* Directions *
Scan the entries below for the word "FITTER" and copy every line in which it occurs.

[Data extracted from a collection]

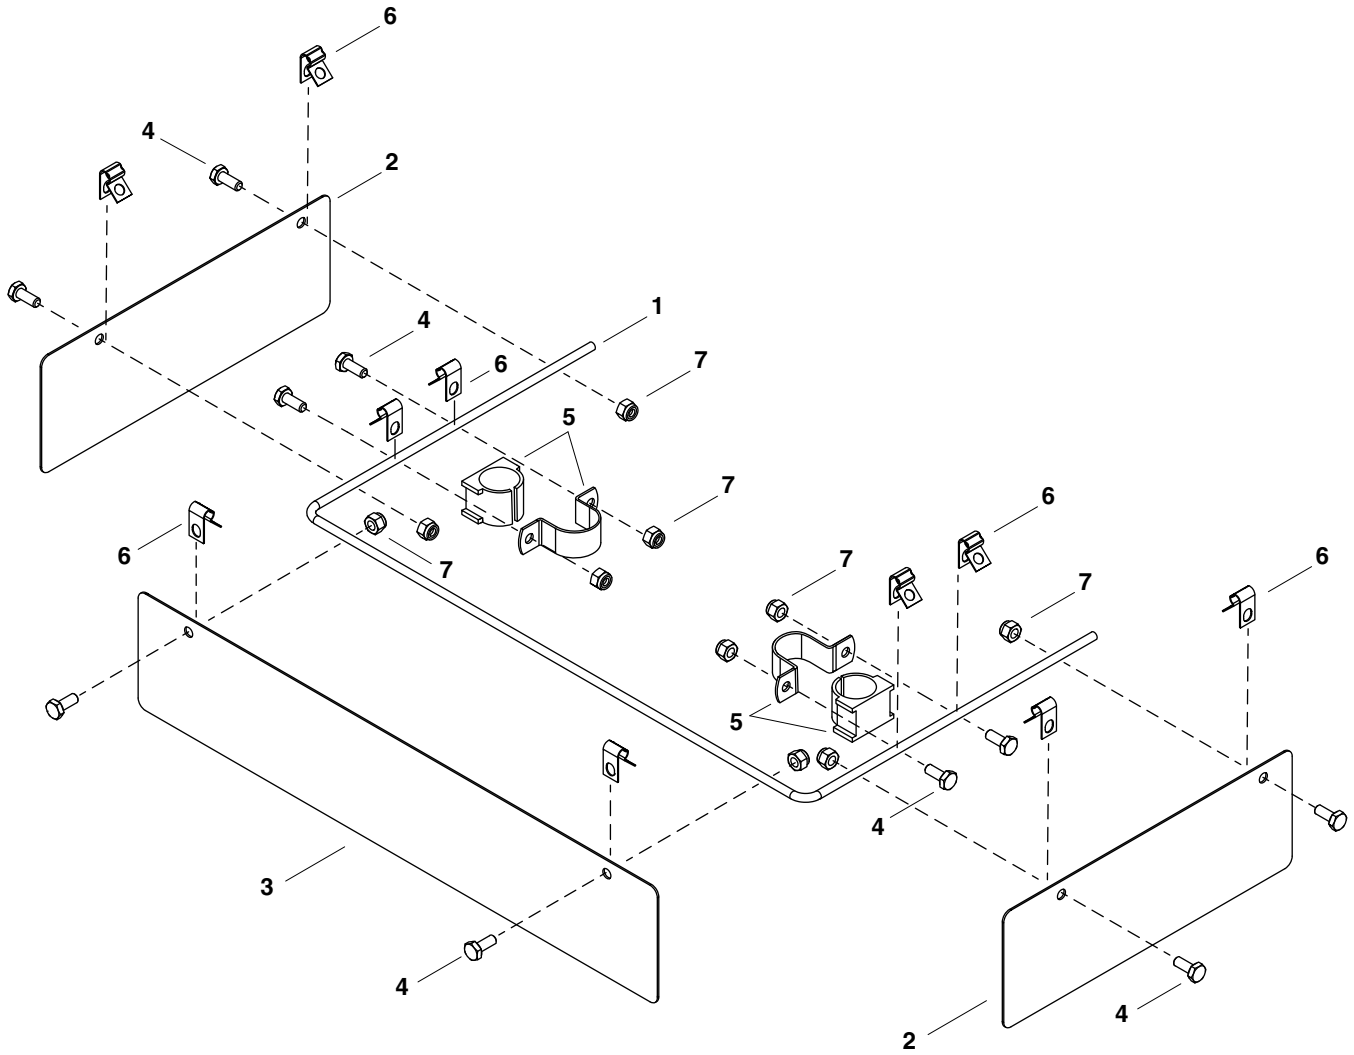

## **6-197**

**110LB / 130LB SPREADER  
DEFLECTOR**

# 6-197

REF	QTY	PART NO	DESCRIPTION
1	1	2-208	TUBE, DEFLECTOR FRAME 110
2	2	2-209	DEFLECTOR, SIDE
3	1	2-210	DEFLECTOR, FRONT
4	10	43866	BOLT, HEX 1/4-20 X 5/8 GR5
5	2	4-13	CLAMP, TUBE
6	10	41196	CLAMP, 7/32 BARE X 0.28 CONDU
7	10	47189	NUT, HEX 1/4-20 NYLOC
	1	3-108	INSTRUCTION SHEET
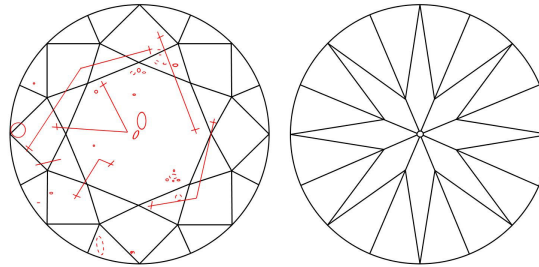

GIA NATURAL DIAMOND GRADING REPORT

June 03, 2024
 GIA Report Number 5493498250
 Shape and Cutting Style Round Brilliant
 Measurements 9.56 - 9.64 x 6.10 mm

GRADING RESULTS

Carat Weight 3.50 carat
 Color Grade H
 Clarity Grade SI2
 Cut Grade Excellent

ADDITIONAL GRADING INFORMATION

Polish Excellent
 Symmetry Excellent
 Fluorescence Faint
 Inscription(s): GIA 5493498250

Comments: Additional twinning wisps, additional clouds, pinpoints and surface graining are not shown.

PROPORTIONS

Profile to actual proportions

CLARITY CHARACTERISTICS

KEY TO SYMBOLS*

- Twinning Wisp
- Crystal
- Feather
- Cloud
- Needle

* Red symbols denote internal characteristics (inclusions). Green or black symbols denote external characteristics (blemishes). Diagram is an approximate representation of the diamond, and symbols shown indicate type, position, and approximate size of clarity characteristics. All clarity characteristics may not be shown. Details of finish are not shown.
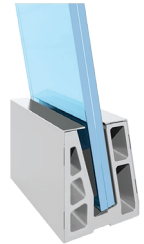

Transline 90

Side Mounting System (for Staircase)

Color	Multiple
Use	Heavy
Glass Thickness	12mm upto 25.5mm
Glass Height	Upto 1200mm

*Glass Toughen Coumpulsary.

Applications
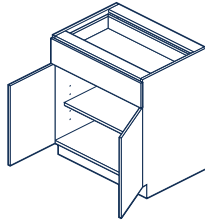

CABINET SOLUTIONS Kitchen & Vanity Cabinets

A

B

C

D

E

F

G

H

I

J

K

L

M

N

O

P

Q

R

S

T

U

V

W

X

Y

Z

AA

AB

AC
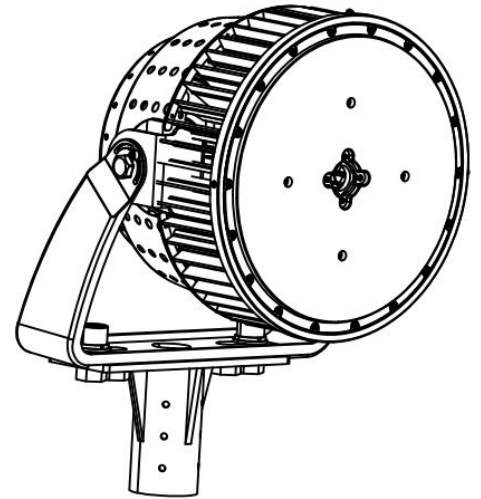

Side EPA: 0.260m² | 2.79ft²

Side EPA: 0.333m² | 3.59ft²

YOKE DIMENSIONS 300-600W

YOKE DIMENSIONS
720-1200W

CHAMPION 3

YOKE DIMENSIONS 1500-1800W

CHAMPION 3

SLIP FITTER DIMENSIONS 300-600W

CHAMPION 3

SLIP FITTER DIMENSIONS 720-1200W

CHAMPION 3

SLIP FITTER DIMENSIONS 300-1200W

CHAMPION 3

Angle markings on arm for tilt aiming.

Angle markings on yoke for horizontal aiming.

* Solution for this task *
SLIP FITTER DIMENSIONS 300-600W
SLIP FITTER DIMENSIONS 720-1200W
SLIP FITTER DIMENSIONS 300-1200W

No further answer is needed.